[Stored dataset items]
******

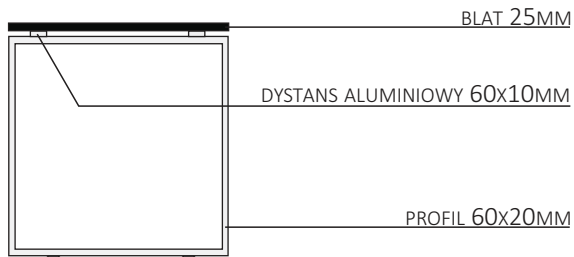

EVRO

MEBLE PRACOWNICZE

OPIS TECHNICZNY
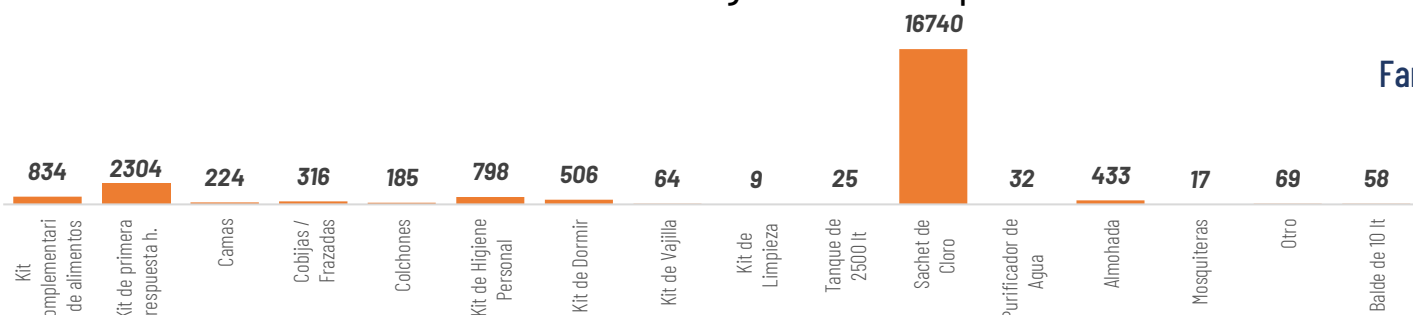

3.346
Familias atendidas por la SNGR

Las instituciones del SNDGIRD han entregado un total de 9.300 bienes de asistencia humanitaria:
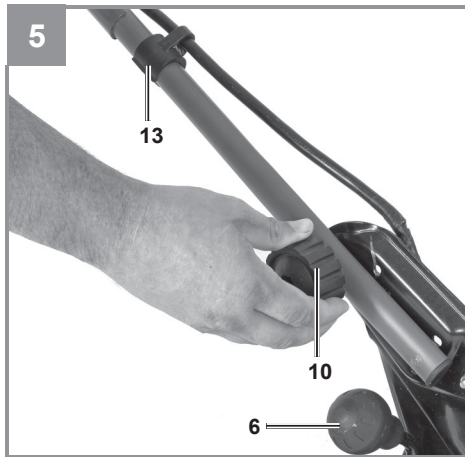

Einhell

GE-CM 36/47 S HW Li

CZ Originální návod k obsluze
Akumulátorová sekačka

Art.-Nr.: 34.132.00

I.-Nr.: 11018

Obsah je uzamčen

Dokončete, prosím, proces objednávky.

Následně budete mít přístup k celému dokumentu.
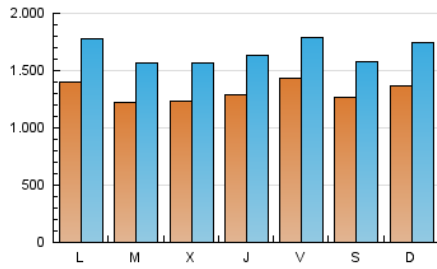

1. Cifras totales y promedios (Nacional e Internacional)

MES - AÑO	NAVEGADORES UNICOS	VISITAS	PAGINAS
Mayo - 2020	2.175.653	5.180.000	9.549.624
PROMEDIO DIARIO	131.832	167.097	308.052
PROMEDIO LUNES-VIERNES	132.015	167.571	314.302
PROMEDIO SABADO-DOMINGO	131.448	166.101	294.928
PAGINAS / VISITAS	1,84		
DURACION MEDIA VISITAS	0:03:31		
DURACION MEDIA PAGINAS	0:04:09		

2. Secciones (Nacional e Internacional)

	PAGINAS	%
HOME	2.225.034	23.30 %
RESTO	7.324.590	76.70 %

3. Por día del mes (Nacional e Internacional)

Día	N. únicos	Visitas	Páginas	Día	N. únicos	Visitas	Páginas	Día	N. únicos	Visitas	Páginas
1	141.430	178.296	328.493	11	123.374	158.786	349.294	21	118.458	150.361	273.536
2	125.575	155.183	279.354	12	126.840	167.036	364.128	22	129.199	160.466	298.459
3	137.002	167.304	293.776	13	113.338	144.357	272.822	23	119.725	149.302	277.004
4	122.941	157.527	300.161	14	144.883	180.907	314.852	24	132.290	168.703	324.842
5	109.104	137.506	260.746	15	171.512	207.199	343.126	25	164.085	207.943	395.373
6	123.916	159.510	294.764	16	142.599	175.853	298.320	26	145.739	187.845	351.524
7	123.460	161.271	315.830	17	149.295	193.767	340.791	27	154.068	195.262	342.921
8	119.567	155.428	298.899	18	151.805	188.839	360.160	28	126.913	161.318	290.516
9	110.760	140.919	262.741	19	107.697	135.417	262.494	29	153.045	195.215	338.195
10	118.303	151.955	277.313	20	100.948	128.497	244.054	30	132.632	168.297	286.968
								31	146.294	189.731	308.168

4. Gráficas (Nacional e Internacional)

4.1 Por día de la semana (promedio)

N. únicos / Visitas (x 100)

Páginas (x 100)

4.2 Por franja horaria (promedio)

Visitas (x 1000)

Páginas (x 1000)

4.3 Por meses

******

__WHAT YOU ARE ASKED TO DO__.
Reproduce each record from above exactly; pictures do not belong in the copy.

__RESPONSE FOR THIS EXERCISE__.
EVRO

MEBLE PRACOWNICZE

OPIS TECHNICZNY

3.346
Familias atendidas por la SNGR

Las instituciones del SNDGIRD han entregado un total de 9.300 bienes de asistencia humanitaria:

Einhell

GE-CM 36/47 S HW Li

CZ Originální návod k obsluze
Akumulátorová sekačka

Art.-Nr.: 34.132.00

I.-Nr.: 11018

Obsah je uzamčen

Dokončete, prosím, proces objednávky.

Následně budete mít přístup k celému dokumentu.

1. Cifras totales y promedios (Nacional e Internacional)

MES - AÑO	NAVEGADORES UNICOS	VISITAS	PAGINAS
Mayo - 2020	2.175.653	5.180.000	9.549.624
PROMEDIO DIARIO	131.832	167.097	308.052
PROMEDIO LUNES-VIERNES	132.015	167.571	314.302
PROMEDIO SABADO-DOMINGO	131.448	166.101	294.928
PAGINAS / VISITAS	1,84		
DURACION MEDIA VISITAS	0:03:31		
DURACION MEDIA PAGINAS	0:04:09		

2. Secciones (Nacional e Internacional)

	PAGINAS	%
HOME	2.225.034	23.30 %
RESTO	7.324.590	76.70 %

3. Por día del mes (Nacional e Internacional)

Día	N. únicos	Visitas	Páginas	Día	N. únicos	Visitas	Páginas	Día	N. únicos	Visitas	Páginas
1	141.430	178.296	328.493	11	123.374	158.786	349.294	21	118.458	150.361	273.536
2	125.575	155.183	279.354	12	126.840	167.036	364.128	22	129.199	160.466	298.459
3	137.002	167.304	293.776	13	113.338	144.357	272.822	23	119.725	149.302	277.004
4	122.941	157.527	300.161	14	144.883	180.907	314.852	24	132.290	168.703	324.842
5	109.104	137.506	260.746	15	171.512	207.199	343.126	25	164.085	207.943	395.373
6	123.916	159.510	294.764	16	142.599	175.853	298.320	26	145.739	187.845	351.524
7	123.460	161.271	315.830	17	149.295	193.767	340.791	27	154.068	195.262	342.921
8	119.567	155.428	298.899	18	151.805	188.839	360.160	28	126.913	161.318	290.516
9	110.760	140.919	262.741	19	107.697	135.417	262.494	29	153.045	195.215	338.195
10	118.303	151.955	277.313	20	100.948	128.497	244.054	30	132.632	168.297	286.968
								31	146.294	189.731	308.168

4. Gráficas (Nacional e Internacional)

4.1 Por día de la semana (promedio)

N. únicos / Visitas (x 100)

Páginas (x 100)

4.2 Por franja horaria (promedio)

Visitas (x 1000)

Páginas (x 1000)

4.3 Por meses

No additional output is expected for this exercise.